Debt and other liabilities become risky for a business when it cannot easily fulfill those obligations, either with free cash flow or by raising capital at an attractive price. Ultimately, if the company can't fulfill its legal obligations to repay debt, shareholders could walk away with nothing. However, a more frequent (but still costly) occurrence is where a company must issue shares at bargain-basement prices, permanently diluting shareholders, just to shore up its balance sheet. Of course, debt can be an important tool in businesses, particularly capital heavy businesses. The first thing to do when considering how much debt a business uses is to look at its cash and debt together.
View our latest analysis for NextEra Energy
You can click the graphic below for the historical numbers, but it shows that as of June 2024 NextEra Energy had US$82.6b of debt, an increase on US$72.2b, over one year. Net debt is about the same, since the it doesn't have much cash.
We can see from the most recent balance sheet that NextEra Energy had liabilities of US$26.2b falling due within a year, and liabilities of US$99.1b due beyond that. On the other hand, it had cash of US$1.55b and US$6.17b worth of receivables due within a year. So it has liabilities totalling US$117.6b more than its cash and near-term receivables, combined.
This deficit is considerable relative to its very significant market capitalization of US$173.5b, so it does suggest shareholders should keep an eye on NextEra Energy's use of debt. This suggests shareholders would be heavily diluted if the company needed to shore up its balance sheet in a hurry.
We use two main ratios to inform us about debt levels relative to earnings. The first is net debt divided by earnings before interest, tax, depreciation, and amortization (EBITDA), while the second is how many times its earnings before interest and tax (EBIT) covers its interest expense (or its interest cover, for short). The advantage of this approach is that we take into account both the absolute quantum of debt (with net debt to EBITDA) and the actual interest expenses associated with that debt (with its interest cover ratio).

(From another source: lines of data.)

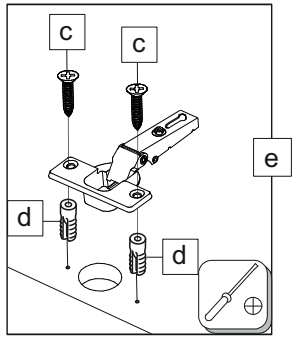

-Front set for kitchen table  
350 ending

	350
	722
	572

+	3,5x13	
a	x1	c
		x8
d		x8

	0h40min		600mm	0.5kg	3m				

①	274020.000	1	1	1
②	274291.000	1	1	1

	3,5x13		
c	x8	d	x8

 LD.270220.000

	e	x2		m	x6
---	---	----	---	---	----

a x1

LD.270220.000

k x6

LD.274290.000-3/4

L

R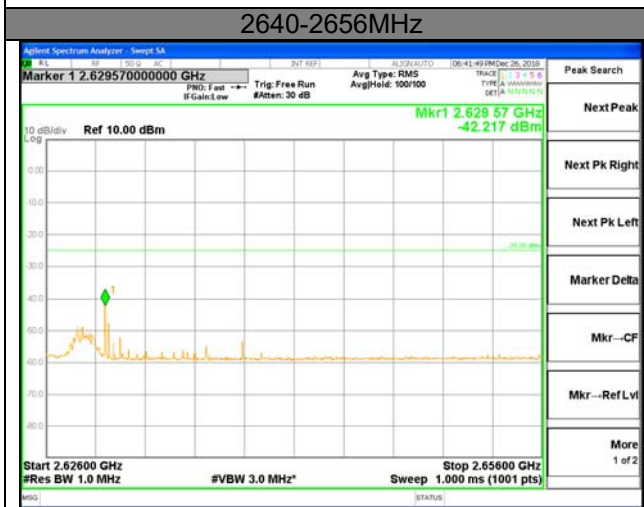

2570-2571MHz

2571-2575MHz

2575-2590MHz

2590-2595MHz

LTE BAND 38

LTE BAND 38

LTE band 38 / 5MHz /QPSK Highest Band Edge / 1 RB

LTE BAND 38

LTE BAND 38

LTE band 38 / 5MHz /QPSK Highest Band Edge / Full RB

LTE BAND 38

LTE BAND 38

LTE band 38 / 5MHz /16QAM Highest Band Edge / 1 RB

LTE BAND 38

LTE BAND 38

LTE band 38 / 5MHz /16QAM Highest Band Edge / Full RB

LTE BAND 38

LTE BAND 38

LTE band 38 / 10MHz /QPSK Highest Band Edge / 1 RB

2600-2620MHz

2620-2621MHz

2621-2625MHz

2625-2640MHz

2640-2656MHz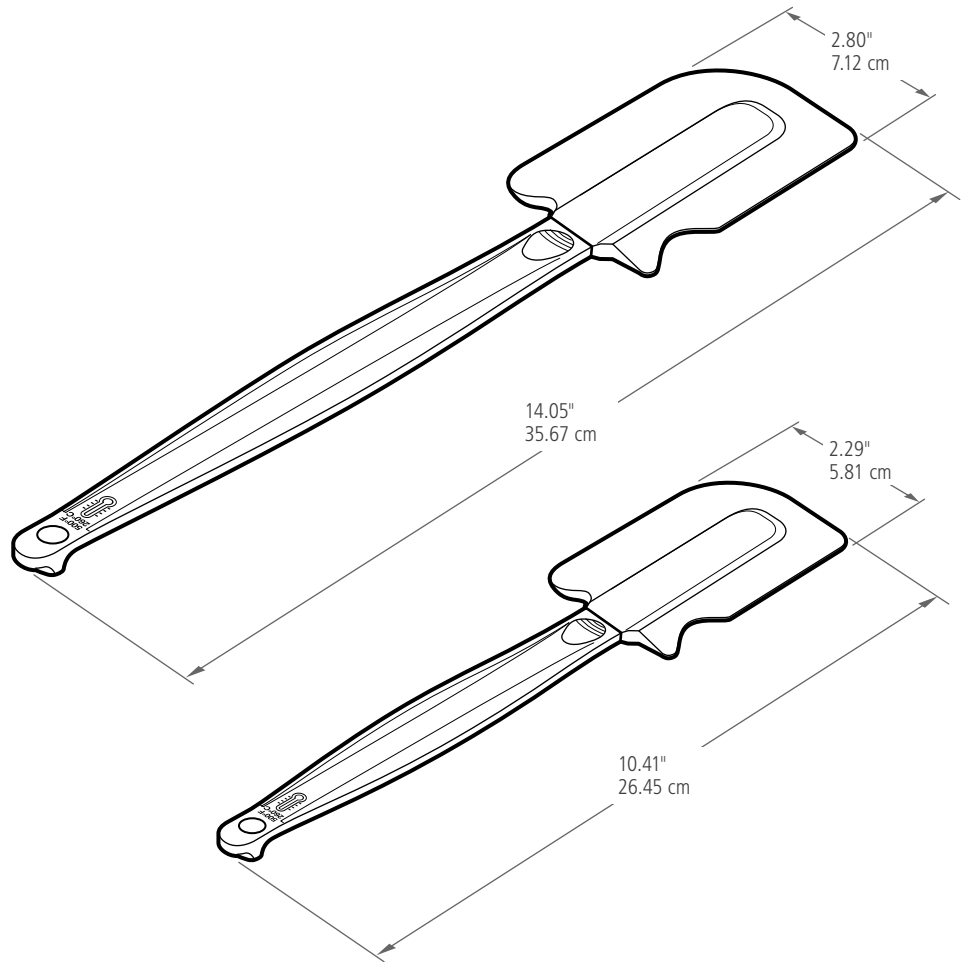

COLOR-CODED HIGH-HEAT SPATULAS

The Color-Coded Foodservice System enables users to protect their patrons from foodborne illnesses and allergens. Color-coded high-heat spatulas reduce the risk of cross-contamination during food preparation.

Features and Benefits:

- Part of a complete color-coded foodservice system
- Resists temperatures to 500°F/260°C
- Clean-Rest™ feature keeps blade off countertops
- Notched, stain-resistant scraper blades cleanly scrape sides of pans without scratching them
- Commercial dishwasher-safe

Material Composition:

Silicone Blade and Nylon Handle

COLORS AVAILABLE:

WHITE RED GREEN BLUE YELLOW PURPLE BROWN

SKU #	DESCRIPTION	COLOR	LENGTH		WIDTH		WEIGHT		PACK SIZE
			IN	CM	IN	CM	LB	KG	
1981138	COLOR-CODED HIGH-HEAT SPATULA, 9.5"	WHITE	10.41	26.45	2.29	5.81	0.13	0.06	12
FG1962000000	COLOR-CODED HIGH-HEAT SPATULA, 9.5"	RED	10.41	26.45	2.29	5.81	0.13	0.06	24
1981140	COLOR CODED HIGH HEAT SPATULA, 9.5"	GREEN	10.41	26.45	2.29	5.81	0.13	0.06	12
1981141	COLOR-CODED HIGH-HEAT SPATULA, 9.5"	BLUE	10.41	26.45	2.29	5.81	0.13	0.06	12
1981142	COLOR-CODED HIGH-HEAT SPATULA, 9.5"	YELLOW	10.41	26.45	2.29	5.81	0.13	0.06	12
1981143	COLOR-CODED HIGH-HEAT SPATULA, 9.5"	PURPLE	10.41	26.45	2.29	5.81	0.13	0.06	12
1981144	COLOR-CODED HIGH-HEAT SPATULA, 9.5"	BROWN	10.41	26.45	2.29	5.81	0.13	0.06	12
1980415	COLOR-CODED HIGH-HEAT SPATULA, 13.5"	WHITE	14.05	35.67	2.80	7.12	0.21	0.10	12
FG1963000000	COLOR-CODED HIGH-HEAT SPATULA, 13.5"	RED	14.05	35.67	2.80	7.12	0.21	0.10	24
1980417	COLOR-CODED HIGH-HEAT SPATULA, 13.5"	GREEN	14.05	35.67	2.80	7.12	0.21	0.10	12
1980418	COLOR-CODED HIGH-HEAT SPATULA, 13.5"	BLUE	14.05	35.67	2.80	7.12	0.21	0.10	12
1980419	COLOR-CODED HIGH-HEAT SPATULA, 13.5"	YELLOW	14.05	35.67	2.80	7.12	0.21	0.10	12
1980420	COLOR-CODED HIGH-HEAT SPATULA, 13.5"	PURPLE	14.05	35.67	2.80	7.12	0.21	0.10	12
1980421	COLOR-CODED HIGH-HEAT SPATULA, 13.5"	BROWN	14.05	35.67	2.80	7.12	0.21	0.10	12

NextEra Energy has a rather high debt to EBITDA ratio of 5.8 which suggests a meaningful debt load. But the good news is that it boasts fairly comforting interest cover of 2.5 times, suggesting it can responsibly service its obligations. Another concern for investors might be that NextEra Energy's EBIT fell 16% in the last year. If that's the way things keep going handling the debt load will be like delivering hot coffees on a pogo stick. When analysing debt levels, the balance sheet is the obvious place to start. But it is future earnings, more than anything, that will determine NextEra Energy's ability to maintain a healthy balance sheet going forward. So if you're focused on the future you can check out this free report showing analyst profit forecasts.
But our final consideration is also important, because a company cannot pay debt with paper profits; it needs cold hard cash. So it's worth checking how much of that EBIT is backed by free cash flow. During the last three years, NextEra Energy burned a lot of cash. While that may be a result of expenditure for growth, it does make the debt far more risky.
To be frank both NextEra Energy's net debt to EBITDA and its track record of converting EBIT to free cash flow make us rather uncomfortable with its debt levels. And even its interest cover fails to inspire much confidence. We should also note that Electric Utilities industry companies like NextEra Energy commonly do use debt without problems. Overall, it seems to us that NextEra Energy's balance sheet is really quite a risk to the business. So we're almost as wary of this stock as a hungry kitten is about falling into its owner's fish pond: once bitten, twice shy, as they say. The balance sheet is clearly the area to focus on when you are analysing debt. However, not all investment risk resides within the balance sheet - far from it. For instance, we've identified 2 warning signs for NextEra Energy (1 is potentially serious) you should be aware of.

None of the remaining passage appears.